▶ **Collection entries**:
--
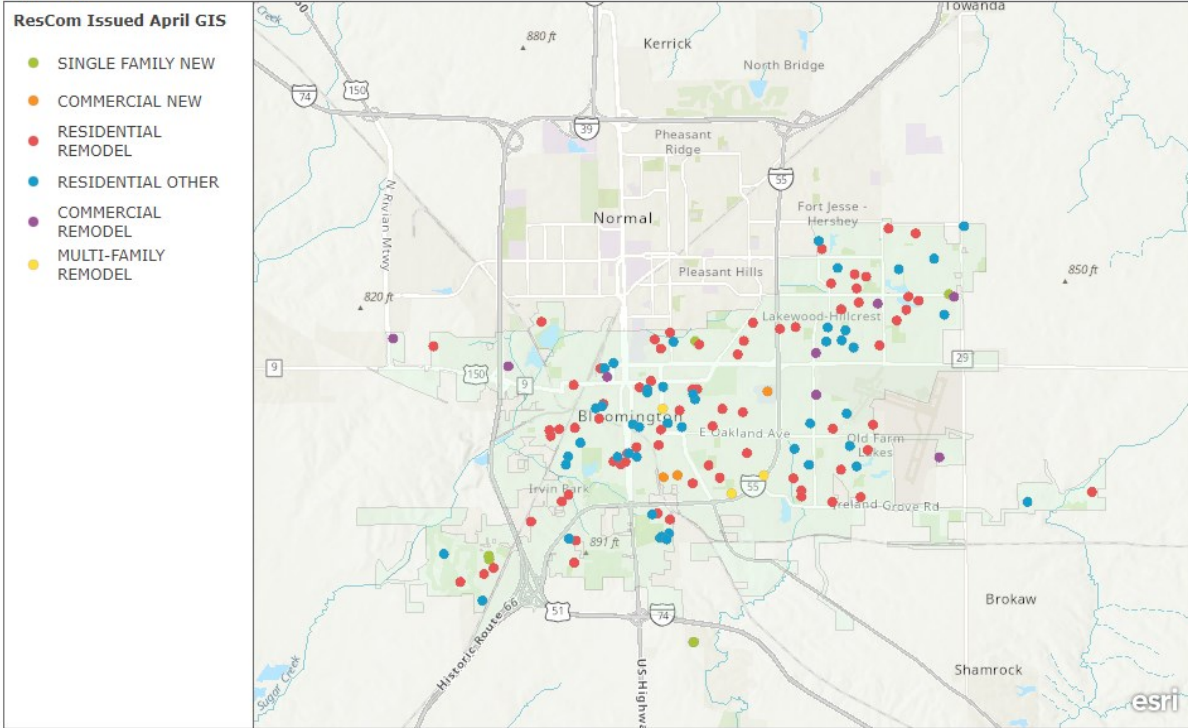

APRIL

Building Permit Applications Applied For (Not Yet Issued) 04/01/2024 – 04/30/2024

The following information shows projects applied for, but not yet issued.

Single-Family Residential

- **20** New Single Family Constructions
- **0** New Multi-Family Construction
- These projects are primarily located in the Southwestern portion of the City.

Residential Other Permits

- **82** Residential Other Permits
- These projects are located all throughout the City.

Residential Alterations

- **109** Residential Remodels
- **4** Multi-Family Remodel
- Residential & Multi-Family remodel projects are located all throughout the city.

Commercial

- **1** New Construction
- **10** Alterations/Additions
- These projects are located in the Eastern portion of the city.

Building Permits Issued 04/01/2024 – 04/30/2024

The following information highlights projects for which a permit has been issued.

My Map

Esri, NASA, NGA, USGS | McGIS-McLean County GIS, Esri, TomTom, Garmin, SafeGraph, GeoTechnologies, Inc, METI/NASA, USGS, EPA, NPS, USDA, USFWS

Single-Family Residential

- **7** New Single-Family Constructions
- These projects are primarily located in the southern portion of the City.
--
▶ **Work task**:
In the records above, find the line containing "- **20** New Single Family Constructions" and output every line from the first through that one, exactly, omitting pictures.

▶ **Result**:
APRIL

Building Permit Applications Applied For (Not Yet Issued) 04/01/2024 – 04/30/2024

The following information shows projects applied for, but not yet issued.

Single-Family Residential

- **20** New Single Family Constructions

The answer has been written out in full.